I did make the annotation myself through a perl script.Actually I did the step on the base of the position of predicted CNVs in the output file from FREEC.

To be specific,at first I got the position(start-end) of each gene in the .gff file from NCBI.Second,I looked for genes that overlap with CNV regions by the following standard:cnv_start<=gene_stop && cnv_stop >=gene_start.In this way,I will get a gene list whose position(start-end) overlaps with CNVs.Finally I merged the two file. Is this step any problems?

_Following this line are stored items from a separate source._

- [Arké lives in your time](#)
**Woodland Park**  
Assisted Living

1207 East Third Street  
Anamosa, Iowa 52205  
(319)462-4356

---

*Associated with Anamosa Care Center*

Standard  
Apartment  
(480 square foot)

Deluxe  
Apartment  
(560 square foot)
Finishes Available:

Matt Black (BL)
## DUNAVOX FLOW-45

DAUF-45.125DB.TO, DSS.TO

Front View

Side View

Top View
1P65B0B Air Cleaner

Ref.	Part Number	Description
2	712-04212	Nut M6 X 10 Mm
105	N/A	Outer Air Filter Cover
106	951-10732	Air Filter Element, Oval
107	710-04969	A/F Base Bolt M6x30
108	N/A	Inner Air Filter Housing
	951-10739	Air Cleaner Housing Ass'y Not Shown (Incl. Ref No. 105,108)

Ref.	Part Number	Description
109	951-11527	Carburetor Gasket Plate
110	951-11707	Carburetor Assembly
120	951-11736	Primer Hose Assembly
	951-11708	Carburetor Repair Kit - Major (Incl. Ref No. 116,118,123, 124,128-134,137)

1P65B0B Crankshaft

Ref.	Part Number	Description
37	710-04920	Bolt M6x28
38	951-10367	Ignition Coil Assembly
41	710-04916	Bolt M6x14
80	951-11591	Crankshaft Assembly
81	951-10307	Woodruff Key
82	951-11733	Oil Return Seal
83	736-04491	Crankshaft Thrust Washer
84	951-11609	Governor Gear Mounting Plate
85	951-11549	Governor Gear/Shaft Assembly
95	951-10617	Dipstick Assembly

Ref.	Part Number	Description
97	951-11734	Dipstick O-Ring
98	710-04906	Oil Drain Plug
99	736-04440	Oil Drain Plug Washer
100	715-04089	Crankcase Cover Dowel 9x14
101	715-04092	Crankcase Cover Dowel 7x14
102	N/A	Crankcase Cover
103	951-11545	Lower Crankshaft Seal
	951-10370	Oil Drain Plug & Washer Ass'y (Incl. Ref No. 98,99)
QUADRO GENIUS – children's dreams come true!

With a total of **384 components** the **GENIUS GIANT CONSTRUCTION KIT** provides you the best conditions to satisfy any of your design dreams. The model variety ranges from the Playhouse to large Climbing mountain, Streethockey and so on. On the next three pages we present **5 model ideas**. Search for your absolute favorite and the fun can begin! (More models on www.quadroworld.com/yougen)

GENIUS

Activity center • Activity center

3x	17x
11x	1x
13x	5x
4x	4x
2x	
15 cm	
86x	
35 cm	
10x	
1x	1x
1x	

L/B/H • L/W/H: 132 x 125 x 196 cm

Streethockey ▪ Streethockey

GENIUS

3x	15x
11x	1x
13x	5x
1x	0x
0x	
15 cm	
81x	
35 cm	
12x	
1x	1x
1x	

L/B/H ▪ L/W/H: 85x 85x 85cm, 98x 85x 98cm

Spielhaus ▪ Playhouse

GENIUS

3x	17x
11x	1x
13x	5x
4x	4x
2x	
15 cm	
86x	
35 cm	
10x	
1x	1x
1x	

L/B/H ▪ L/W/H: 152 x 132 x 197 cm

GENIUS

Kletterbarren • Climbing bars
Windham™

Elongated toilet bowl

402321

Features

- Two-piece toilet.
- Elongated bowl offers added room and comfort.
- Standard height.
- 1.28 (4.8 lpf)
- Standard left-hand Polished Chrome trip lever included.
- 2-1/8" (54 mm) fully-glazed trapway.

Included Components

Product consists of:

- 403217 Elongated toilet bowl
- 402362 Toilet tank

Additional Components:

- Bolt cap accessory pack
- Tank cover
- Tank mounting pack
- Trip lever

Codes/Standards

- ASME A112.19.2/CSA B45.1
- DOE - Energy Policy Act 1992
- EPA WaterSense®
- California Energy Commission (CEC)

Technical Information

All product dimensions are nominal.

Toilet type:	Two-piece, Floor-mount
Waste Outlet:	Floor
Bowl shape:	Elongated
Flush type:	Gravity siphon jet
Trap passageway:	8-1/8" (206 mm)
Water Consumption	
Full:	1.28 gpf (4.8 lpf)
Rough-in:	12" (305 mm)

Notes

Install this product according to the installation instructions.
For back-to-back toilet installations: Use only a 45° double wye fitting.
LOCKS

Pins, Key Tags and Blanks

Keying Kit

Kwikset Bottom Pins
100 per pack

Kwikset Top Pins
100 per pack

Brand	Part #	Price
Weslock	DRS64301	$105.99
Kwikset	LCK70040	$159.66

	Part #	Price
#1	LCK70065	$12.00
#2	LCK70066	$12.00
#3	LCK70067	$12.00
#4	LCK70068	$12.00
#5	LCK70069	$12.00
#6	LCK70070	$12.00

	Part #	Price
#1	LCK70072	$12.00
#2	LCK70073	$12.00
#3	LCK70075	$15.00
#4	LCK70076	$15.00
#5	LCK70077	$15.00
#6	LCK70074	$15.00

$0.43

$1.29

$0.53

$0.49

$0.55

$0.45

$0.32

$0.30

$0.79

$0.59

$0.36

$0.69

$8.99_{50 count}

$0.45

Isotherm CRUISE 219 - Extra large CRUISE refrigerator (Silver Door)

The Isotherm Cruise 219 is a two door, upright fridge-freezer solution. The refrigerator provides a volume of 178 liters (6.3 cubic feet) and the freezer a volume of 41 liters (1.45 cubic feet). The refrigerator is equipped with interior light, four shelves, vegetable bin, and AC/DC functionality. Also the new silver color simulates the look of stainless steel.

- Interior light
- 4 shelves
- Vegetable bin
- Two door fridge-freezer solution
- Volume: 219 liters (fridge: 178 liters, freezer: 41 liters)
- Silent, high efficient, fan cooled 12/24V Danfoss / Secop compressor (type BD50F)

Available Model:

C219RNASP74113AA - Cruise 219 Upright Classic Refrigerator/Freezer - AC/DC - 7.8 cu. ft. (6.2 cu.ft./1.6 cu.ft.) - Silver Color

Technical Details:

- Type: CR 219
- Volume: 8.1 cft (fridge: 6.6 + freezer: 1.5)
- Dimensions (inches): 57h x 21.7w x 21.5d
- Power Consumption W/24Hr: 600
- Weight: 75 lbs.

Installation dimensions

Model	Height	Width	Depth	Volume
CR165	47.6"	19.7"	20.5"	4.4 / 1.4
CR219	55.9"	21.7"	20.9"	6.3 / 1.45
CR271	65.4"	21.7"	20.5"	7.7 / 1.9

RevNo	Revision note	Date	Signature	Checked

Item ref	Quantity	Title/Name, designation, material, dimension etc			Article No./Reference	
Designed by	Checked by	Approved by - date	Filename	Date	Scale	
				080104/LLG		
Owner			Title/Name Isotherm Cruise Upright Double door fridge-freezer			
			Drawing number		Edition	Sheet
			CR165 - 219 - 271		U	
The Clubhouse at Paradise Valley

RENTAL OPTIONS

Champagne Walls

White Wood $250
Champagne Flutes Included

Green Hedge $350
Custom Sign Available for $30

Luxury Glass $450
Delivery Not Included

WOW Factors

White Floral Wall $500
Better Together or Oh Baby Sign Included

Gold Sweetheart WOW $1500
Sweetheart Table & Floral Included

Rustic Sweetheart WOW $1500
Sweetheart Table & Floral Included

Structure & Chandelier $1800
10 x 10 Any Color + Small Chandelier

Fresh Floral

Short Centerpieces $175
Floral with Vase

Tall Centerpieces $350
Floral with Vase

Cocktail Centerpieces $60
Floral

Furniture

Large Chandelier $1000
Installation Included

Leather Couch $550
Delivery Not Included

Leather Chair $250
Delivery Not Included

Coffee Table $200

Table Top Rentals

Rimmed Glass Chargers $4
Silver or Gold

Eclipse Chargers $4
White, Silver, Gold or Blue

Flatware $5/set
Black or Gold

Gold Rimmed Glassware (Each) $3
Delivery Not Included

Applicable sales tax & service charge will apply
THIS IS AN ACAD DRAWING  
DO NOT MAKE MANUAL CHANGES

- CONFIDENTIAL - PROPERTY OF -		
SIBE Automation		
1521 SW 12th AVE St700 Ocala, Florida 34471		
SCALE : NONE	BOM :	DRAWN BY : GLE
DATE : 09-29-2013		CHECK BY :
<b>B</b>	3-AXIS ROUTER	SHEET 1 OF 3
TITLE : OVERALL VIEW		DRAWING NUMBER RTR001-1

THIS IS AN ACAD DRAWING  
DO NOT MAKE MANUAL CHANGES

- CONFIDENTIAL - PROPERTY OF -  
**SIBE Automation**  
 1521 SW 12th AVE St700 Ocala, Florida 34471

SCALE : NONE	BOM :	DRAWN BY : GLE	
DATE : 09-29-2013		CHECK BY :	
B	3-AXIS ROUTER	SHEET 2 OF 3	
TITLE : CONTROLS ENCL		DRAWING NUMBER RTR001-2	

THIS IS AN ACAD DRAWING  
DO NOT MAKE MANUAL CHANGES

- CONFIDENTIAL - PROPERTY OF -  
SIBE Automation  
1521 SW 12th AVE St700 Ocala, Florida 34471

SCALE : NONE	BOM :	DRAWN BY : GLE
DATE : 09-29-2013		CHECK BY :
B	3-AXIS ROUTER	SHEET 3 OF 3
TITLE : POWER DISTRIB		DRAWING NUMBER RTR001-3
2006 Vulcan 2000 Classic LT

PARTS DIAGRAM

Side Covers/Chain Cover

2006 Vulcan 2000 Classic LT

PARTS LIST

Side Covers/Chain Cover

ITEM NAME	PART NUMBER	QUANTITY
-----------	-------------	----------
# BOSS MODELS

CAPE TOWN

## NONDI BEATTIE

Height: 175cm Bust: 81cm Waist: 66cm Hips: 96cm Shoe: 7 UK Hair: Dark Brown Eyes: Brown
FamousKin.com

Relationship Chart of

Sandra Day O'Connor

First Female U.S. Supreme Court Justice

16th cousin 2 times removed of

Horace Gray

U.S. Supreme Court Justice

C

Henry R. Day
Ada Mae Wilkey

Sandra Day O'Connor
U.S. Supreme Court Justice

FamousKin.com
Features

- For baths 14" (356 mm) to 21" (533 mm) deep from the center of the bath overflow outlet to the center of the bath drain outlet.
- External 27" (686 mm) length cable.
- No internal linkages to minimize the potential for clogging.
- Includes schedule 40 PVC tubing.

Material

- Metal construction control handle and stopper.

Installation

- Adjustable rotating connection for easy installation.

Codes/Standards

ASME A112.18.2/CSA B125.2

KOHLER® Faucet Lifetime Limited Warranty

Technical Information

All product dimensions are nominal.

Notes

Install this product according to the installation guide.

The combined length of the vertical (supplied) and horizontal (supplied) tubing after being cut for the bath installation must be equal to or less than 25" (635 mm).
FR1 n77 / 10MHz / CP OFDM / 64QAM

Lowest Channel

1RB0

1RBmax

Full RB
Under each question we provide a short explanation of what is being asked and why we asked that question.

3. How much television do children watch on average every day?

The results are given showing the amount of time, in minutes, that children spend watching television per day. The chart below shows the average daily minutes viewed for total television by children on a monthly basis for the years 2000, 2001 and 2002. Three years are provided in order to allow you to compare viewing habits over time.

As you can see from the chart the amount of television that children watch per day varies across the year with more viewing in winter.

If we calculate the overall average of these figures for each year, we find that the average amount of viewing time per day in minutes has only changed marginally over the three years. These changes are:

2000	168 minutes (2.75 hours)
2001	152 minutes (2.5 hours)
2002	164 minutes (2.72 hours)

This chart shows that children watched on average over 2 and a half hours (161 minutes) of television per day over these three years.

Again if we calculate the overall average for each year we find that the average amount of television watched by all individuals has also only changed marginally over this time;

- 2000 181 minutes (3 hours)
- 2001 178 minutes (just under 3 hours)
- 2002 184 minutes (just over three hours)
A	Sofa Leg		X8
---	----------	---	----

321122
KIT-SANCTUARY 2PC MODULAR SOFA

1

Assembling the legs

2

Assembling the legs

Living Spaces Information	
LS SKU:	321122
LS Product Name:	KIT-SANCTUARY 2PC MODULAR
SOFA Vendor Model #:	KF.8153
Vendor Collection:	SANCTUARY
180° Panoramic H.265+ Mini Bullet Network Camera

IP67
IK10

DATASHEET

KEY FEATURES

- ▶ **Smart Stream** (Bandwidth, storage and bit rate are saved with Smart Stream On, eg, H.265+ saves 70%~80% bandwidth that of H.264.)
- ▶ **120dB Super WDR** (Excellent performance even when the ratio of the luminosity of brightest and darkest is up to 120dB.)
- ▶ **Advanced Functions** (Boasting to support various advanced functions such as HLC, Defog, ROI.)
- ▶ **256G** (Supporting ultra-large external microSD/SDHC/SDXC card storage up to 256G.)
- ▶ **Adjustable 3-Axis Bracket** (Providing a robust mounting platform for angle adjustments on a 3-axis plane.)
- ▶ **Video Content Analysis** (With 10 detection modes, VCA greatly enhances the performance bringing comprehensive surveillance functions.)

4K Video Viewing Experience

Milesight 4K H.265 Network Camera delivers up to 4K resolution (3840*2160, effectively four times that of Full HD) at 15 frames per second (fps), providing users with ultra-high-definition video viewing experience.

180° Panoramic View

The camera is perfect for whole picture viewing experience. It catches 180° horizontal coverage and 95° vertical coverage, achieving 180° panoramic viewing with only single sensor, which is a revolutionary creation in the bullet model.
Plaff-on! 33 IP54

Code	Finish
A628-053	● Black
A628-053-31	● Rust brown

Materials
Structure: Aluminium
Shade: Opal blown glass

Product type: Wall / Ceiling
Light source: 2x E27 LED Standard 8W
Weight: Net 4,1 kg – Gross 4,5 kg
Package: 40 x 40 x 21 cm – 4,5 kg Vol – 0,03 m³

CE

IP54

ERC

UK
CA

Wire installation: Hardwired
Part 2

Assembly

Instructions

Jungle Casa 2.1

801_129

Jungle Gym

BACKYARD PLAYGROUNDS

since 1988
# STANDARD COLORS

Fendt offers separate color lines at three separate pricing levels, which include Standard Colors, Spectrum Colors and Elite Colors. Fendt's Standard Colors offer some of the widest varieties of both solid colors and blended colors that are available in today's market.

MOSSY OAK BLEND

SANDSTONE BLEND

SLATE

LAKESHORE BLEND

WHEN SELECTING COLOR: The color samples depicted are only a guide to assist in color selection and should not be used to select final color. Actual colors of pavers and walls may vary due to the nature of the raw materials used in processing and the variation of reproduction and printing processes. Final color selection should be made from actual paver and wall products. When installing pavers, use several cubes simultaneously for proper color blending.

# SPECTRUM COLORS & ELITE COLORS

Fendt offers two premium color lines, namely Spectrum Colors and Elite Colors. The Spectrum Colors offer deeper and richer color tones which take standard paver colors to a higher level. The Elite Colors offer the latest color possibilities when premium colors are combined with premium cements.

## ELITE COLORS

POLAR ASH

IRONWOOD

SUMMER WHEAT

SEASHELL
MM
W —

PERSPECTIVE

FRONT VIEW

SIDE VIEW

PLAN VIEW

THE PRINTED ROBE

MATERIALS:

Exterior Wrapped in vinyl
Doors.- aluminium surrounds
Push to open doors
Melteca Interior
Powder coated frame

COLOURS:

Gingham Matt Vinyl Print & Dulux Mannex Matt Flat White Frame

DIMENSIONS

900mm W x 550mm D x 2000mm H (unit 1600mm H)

By the way,I 've got the ratio.txt,but I wonder how the ratio value is calculated. Should I filter out ratio values that don't meet a certain threshold? And why the copy number in the ratio.txt appears all 2?

I would appreciate it if your any advice is helpful.Best wishes!

valeu commented 9 months ago

The copy number of the ratio.txt for the control sample should be 2 if you use a control. For the donor sample, it can be 2 almost everywhere if it is not a cancer sample. In any case, I suggest visualizing the output (ratio.txt) to make sure you can trust the predictions of FREE (using for example the R script included in the package). The ratios are normalized read count values. 1 means no change. -1 means Data not available.

ZYongQi commented 4 months ago

Hi,thisi is ZY.We did a summary on the quantity and distribution of CNVs and CNV regions . And I took your advice to visualize the ratio.txt file.But still doubted.

R script:FREEC_ratio2Absolute.R. One of the outputs shows:

Chromosome Start End Num_Probes Segment_Mean NC_048218.1 1 1264440 1285 -0.0513244 NC_048218.1 1264441 1302816 39 -3.715107 NC_048218.1 1302817 3479424 2212 -0.05671026 NC_048218.1 3479425 3504024 25 -4.576851 NC_048218.1 3504025 3536496 33 0.01631089

What kind of criteria should we use to filter the results? The number of probes or a specific segment_mean? By the way, why some of segment_means equal -Inf?